Records from a data collection
==*==

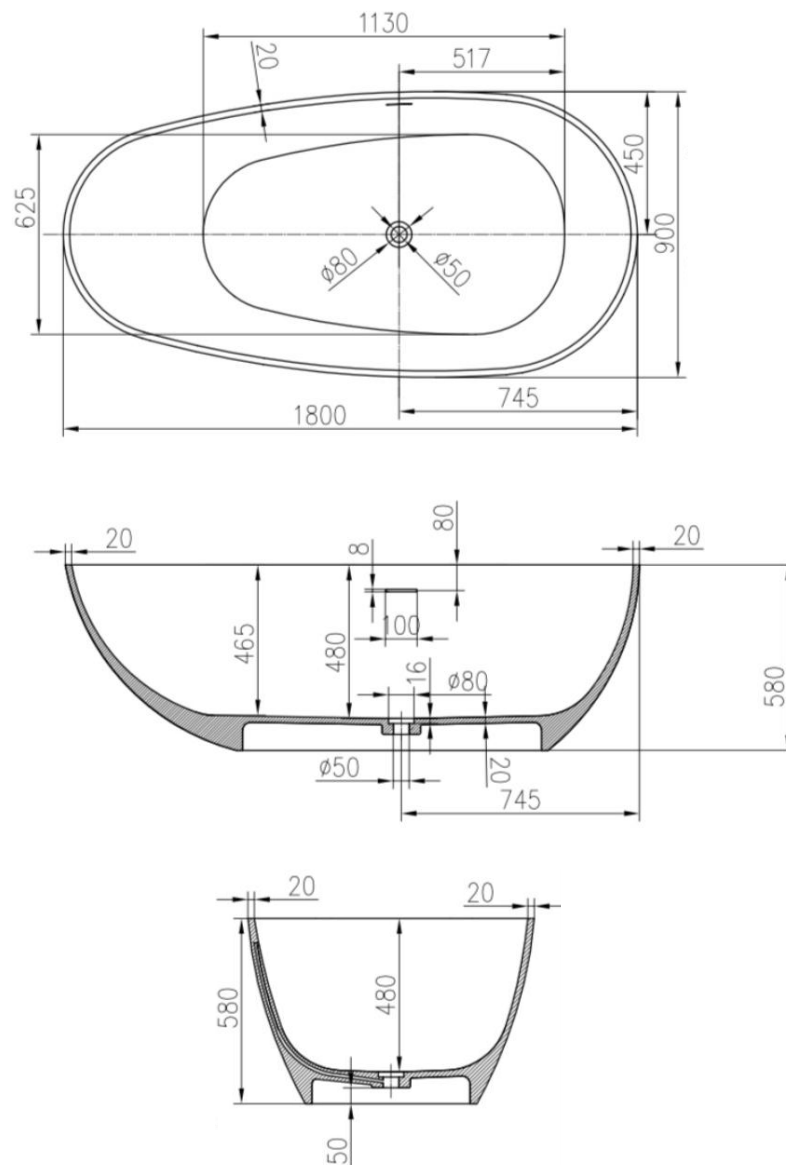

Olivia Bath 1600

PB1051

Freestanding Asymmetric Oval Bath

bellocasa

BATH FINISHES:

- - matt white
- - matt black
- - glossy white
- - glossy black

capacity: 243L | weight empty: 140kg | weight full: 383kg

bathtub can come in combination of finishes

bathtub can come in combination of finishes

20 Hutt Road, Thorndon, Wellington
sales@bellocasa.co.nz T: 04 474 0810

Olivia Bath 1800

PB1050

Freestanding Asymmetric Oval Bath

bellocasa

BATH FINISHES:

- - matt white
- - matt black
- - glossy white
- - glossy black

capacity: 376L | weight empty: 153kg | weight full: 529kg

bathtub can come in combination of finishes

20 Hutt Road, Thorndon, Wellington
sales@bellocasa.co.nz T: 04 474 0810

==*==

» **Instructions to follow**
Could each line of the data be written out exactly, with no pictures included?

» **Solution for this exercise**
Olivia Bath 1600

PB1051

Freestanding Asymmetric Oval Bath

bellocasa

BATH FINISHES:

- - matt white
- - matt black
- - glossy white
- - glossy black

capacity: 243L | weight empty: 140kg | weight full: 383kg

bathtub can come in combination of finishes

bathtub can come in combination of finishes

20 Hutt Road, Thorndon, Wellington
sales@bellocasa.co.nz T: 04 474 0810

Olivia Bath 1800

PB1050

Freestanding Asymmetric Oval Bath

bellocasa

BATH FINISHES:

- - matt white
- - matt black
- - glossy white
- - glossy black

capacity: 376L | weight empty: 153kg | weight full: 529kg

bathtub can come in combination of finishes

20 Hutt Road, Thorndon, Wellington
sales@bellocasa.co.nz T: 04 474 0810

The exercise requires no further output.